═════ RAW DATA ═════
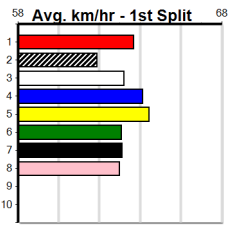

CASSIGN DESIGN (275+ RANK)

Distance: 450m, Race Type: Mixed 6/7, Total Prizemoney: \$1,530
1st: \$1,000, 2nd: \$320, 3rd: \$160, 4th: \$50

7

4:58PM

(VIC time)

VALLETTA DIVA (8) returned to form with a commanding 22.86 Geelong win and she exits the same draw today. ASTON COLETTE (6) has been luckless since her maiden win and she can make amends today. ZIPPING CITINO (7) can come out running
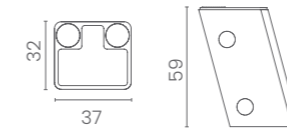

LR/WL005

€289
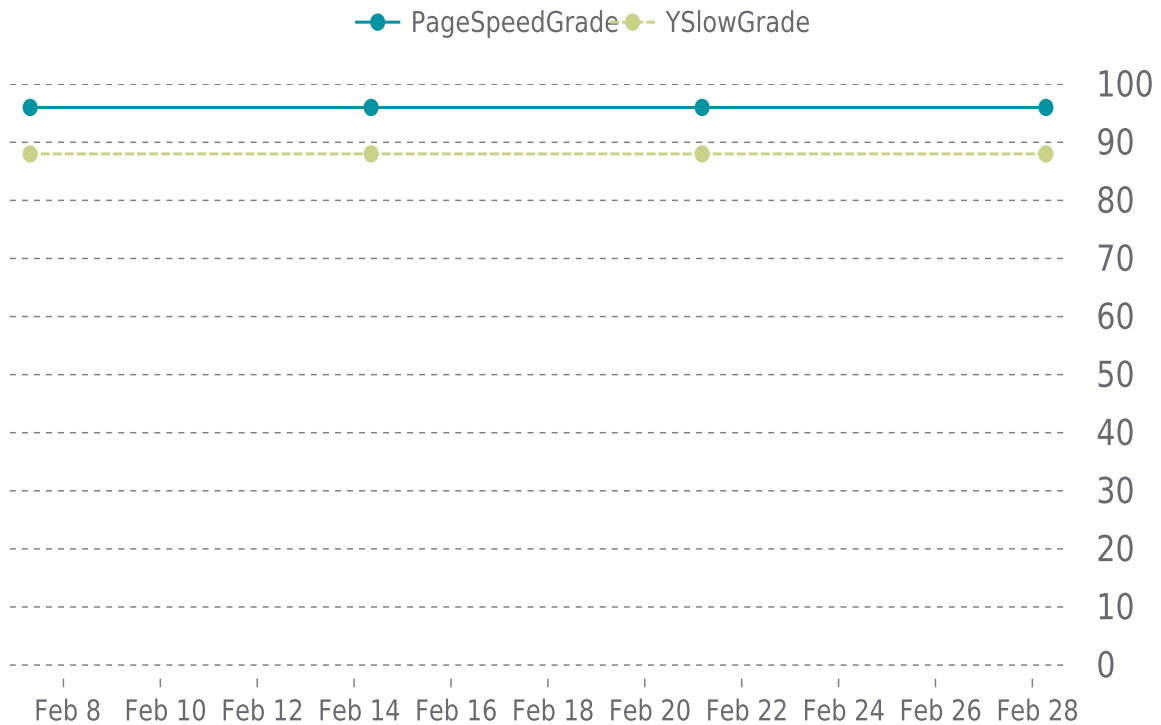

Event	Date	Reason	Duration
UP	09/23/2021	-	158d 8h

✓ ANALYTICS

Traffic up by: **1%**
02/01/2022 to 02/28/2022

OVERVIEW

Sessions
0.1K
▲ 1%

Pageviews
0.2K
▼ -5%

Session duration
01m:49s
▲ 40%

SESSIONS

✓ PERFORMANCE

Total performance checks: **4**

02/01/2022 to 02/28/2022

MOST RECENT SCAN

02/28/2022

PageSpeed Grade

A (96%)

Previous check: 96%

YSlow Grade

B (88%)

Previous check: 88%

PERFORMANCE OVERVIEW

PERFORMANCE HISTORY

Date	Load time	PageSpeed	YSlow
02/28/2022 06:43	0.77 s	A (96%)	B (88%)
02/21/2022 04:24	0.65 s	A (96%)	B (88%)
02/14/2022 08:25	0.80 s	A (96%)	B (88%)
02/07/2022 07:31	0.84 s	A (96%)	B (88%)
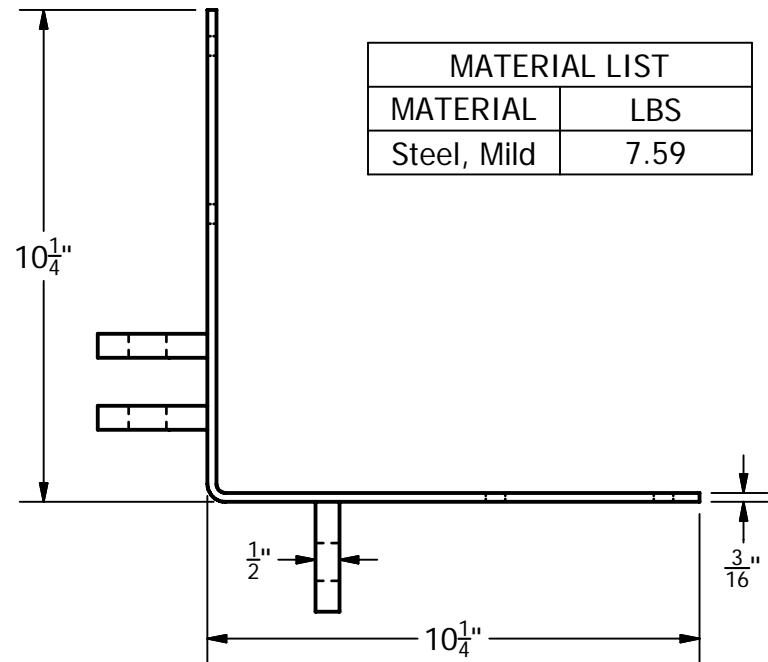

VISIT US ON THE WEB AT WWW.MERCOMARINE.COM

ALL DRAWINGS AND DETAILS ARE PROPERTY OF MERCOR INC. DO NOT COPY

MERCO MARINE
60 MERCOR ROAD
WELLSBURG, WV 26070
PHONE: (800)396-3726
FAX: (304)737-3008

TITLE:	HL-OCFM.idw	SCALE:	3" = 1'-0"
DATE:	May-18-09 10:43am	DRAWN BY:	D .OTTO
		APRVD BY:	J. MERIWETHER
═════
═════ RAW DATA ═════
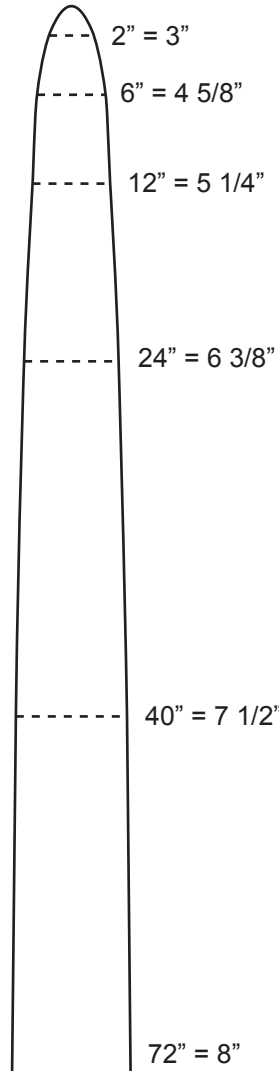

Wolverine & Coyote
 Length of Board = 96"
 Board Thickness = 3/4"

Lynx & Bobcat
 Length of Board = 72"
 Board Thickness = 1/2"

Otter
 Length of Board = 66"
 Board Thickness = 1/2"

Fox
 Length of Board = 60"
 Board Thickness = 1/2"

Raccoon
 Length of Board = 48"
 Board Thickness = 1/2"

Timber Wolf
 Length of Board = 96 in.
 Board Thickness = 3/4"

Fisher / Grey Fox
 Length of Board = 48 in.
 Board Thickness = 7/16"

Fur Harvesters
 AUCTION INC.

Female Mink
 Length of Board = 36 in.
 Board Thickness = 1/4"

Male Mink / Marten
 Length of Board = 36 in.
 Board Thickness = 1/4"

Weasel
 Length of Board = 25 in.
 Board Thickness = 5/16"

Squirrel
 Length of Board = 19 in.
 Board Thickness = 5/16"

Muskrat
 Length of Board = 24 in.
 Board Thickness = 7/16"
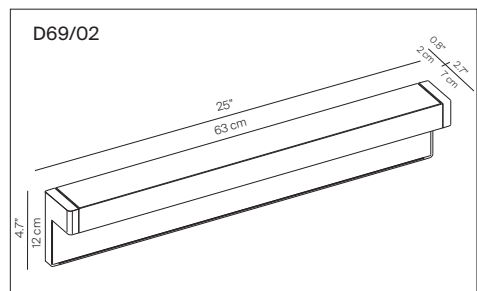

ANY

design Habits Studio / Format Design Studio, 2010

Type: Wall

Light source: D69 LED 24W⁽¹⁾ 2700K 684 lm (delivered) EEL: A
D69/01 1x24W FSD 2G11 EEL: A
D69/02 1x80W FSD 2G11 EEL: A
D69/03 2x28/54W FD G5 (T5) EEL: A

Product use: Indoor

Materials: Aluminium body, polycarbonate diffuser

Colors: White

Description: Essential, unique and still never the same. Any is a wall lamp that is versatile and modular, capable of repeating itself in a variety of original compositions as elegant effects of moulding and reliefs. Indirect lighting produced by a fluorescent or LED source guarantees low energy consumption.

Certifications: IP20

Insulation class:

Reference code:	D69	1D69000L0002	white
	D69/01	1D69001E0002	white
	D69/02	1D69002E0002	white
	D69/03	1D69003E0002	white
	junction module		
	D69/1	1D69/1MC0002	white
═════
═════ RAW DATA ═════
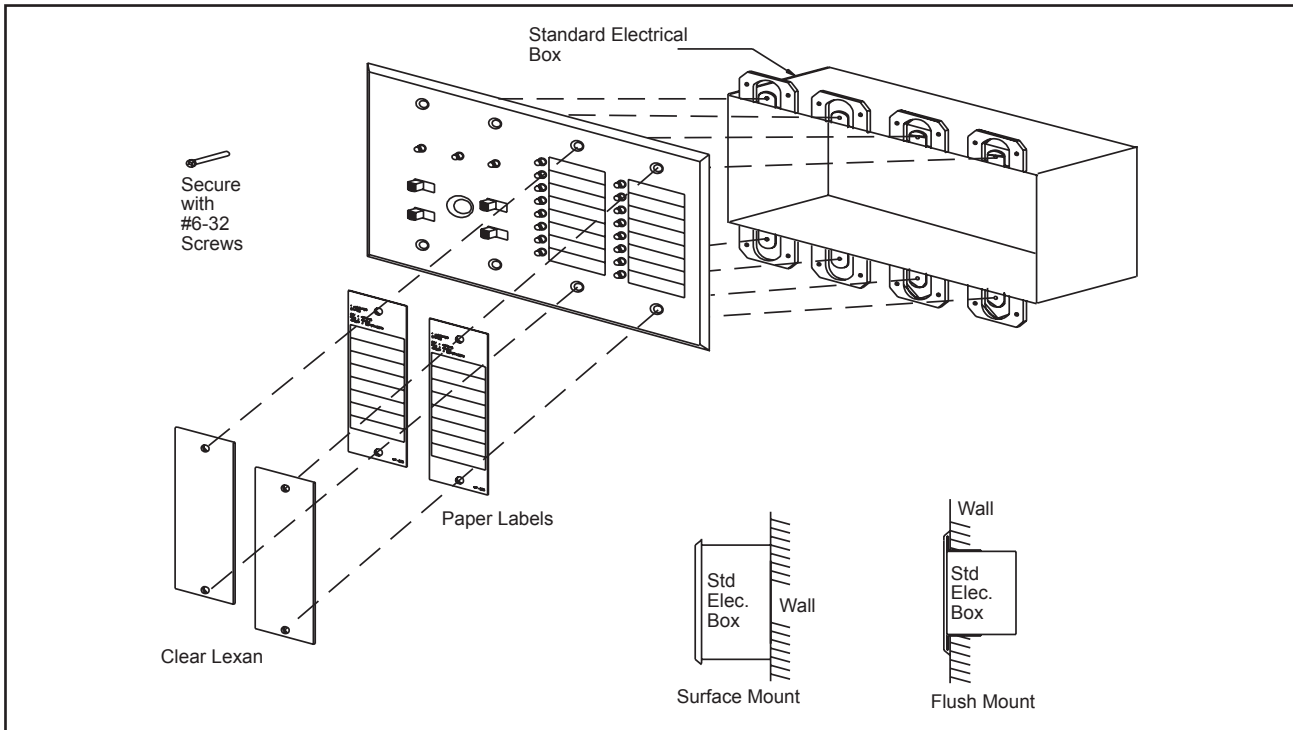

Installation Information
═════
__WORK INSTRUCTIONS__
From the records above, pull every line that has the string "Length" and copy it.

__RESULT__
 Length of Board = 96"
 Length of Board = 72"
 Length of Board = 66"
 Length of Board = 60"
 Length of Board = 48"
 Length of Board = 96 in.
 Length of Board = 48 in.
 Length of Board = 36 in.
 Length of Board = 36 in.
 Length of Board = 25 in.
 Length of Board = 19 in.
 Length of Board = 24 in.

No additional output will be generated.